Why Does Modelling Salary Changes Feel So Inconsistent in IB Maths?
Salary modelling is one of the most confusing financial contexts for IB Mathematics: Applications & Interpretation students. Unlike simple interest or fixed investments, salaries change in ways that feel irregular and unpredictable. Raises may be annual, percentage-based, capped, delayed, or combined with bonuses, which makes modelling feel inconsistent.
IB uses salary modelling to test whether students can handle realistic financial complexity, not tidy textbook growth. The difficulty lies in interpretation, not calculation.
Why Salary Growth Is Not a Simple Pattern
Many students expect salaries to follow a clean arithmetic or geometric sequence.

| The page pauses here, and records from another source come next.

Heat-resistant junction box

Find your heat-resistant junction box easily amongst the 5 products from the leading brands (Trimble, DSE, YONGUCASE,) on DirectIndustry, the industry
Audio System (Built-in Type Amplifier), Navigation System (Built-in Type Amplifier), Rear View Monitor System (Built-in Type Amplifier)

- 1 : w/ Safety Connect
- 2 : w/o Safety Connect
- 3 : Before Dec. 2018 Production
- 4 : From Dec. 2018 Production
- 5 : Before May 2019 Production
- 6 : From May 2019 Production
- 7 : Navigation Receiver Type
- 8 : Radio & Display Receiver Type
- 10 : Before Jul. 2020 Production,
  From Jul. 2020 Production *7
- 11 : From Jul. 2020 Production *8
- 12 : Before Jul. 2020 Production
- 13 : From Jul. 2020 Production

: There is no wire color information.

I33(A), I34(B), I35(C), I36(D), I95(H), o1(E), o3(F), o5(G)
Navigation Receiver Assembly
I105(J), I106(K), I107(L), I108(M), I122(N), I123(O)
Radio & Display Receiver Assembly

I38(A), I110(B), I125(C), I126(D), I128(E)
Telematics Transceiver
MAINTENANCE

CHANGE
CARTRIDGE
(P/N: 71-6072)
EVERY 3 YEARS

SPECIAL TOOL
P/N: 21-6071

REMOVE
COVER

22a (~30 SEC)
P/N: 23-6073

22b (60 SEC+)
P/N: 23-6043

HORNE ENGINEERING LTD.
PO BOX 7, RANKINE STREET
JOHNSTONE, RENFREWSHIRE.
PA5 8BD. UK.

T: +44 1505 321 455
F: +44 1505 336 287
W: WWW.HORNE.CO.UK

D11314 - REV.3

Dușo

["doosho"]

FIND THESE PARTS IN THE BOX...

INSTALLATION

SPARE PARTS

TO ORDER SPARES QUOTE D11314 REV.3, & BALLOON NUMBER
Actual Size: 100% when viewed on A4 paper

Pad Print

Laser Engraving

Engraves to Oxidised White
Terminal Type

In reality, salaries often involve:
- Percentage raises
- Fixed bonuses
- Thresholds or caps
- Irregular timing
IB expects students to recognise that salary growth is piecewise and conditional, not uniform. Treating it as a single clean sequence often produces unrealistic results.
Why Percentage Raises Cause Confusion
Percentage raises feel similar to compound interest, but the context is different.
Students often forget that:
- Raises apply to the current salary
- Raises may stop after a certain time
- Raises may differ year to year
IB frequently penalises answers where students apply a constant growth factor without checking whether the raise structure actually remains consistent.
Why Bonuses and Caps Break Simple Models
Bonuses and salary caps disrupt sequence-based thinking.
A fixed bonus does not compound, while a percentage raise does. Salary caps introduce limits that stop growth entirely. IB expects students to adjust their model when conditions change rather than forcing a single formula across all years.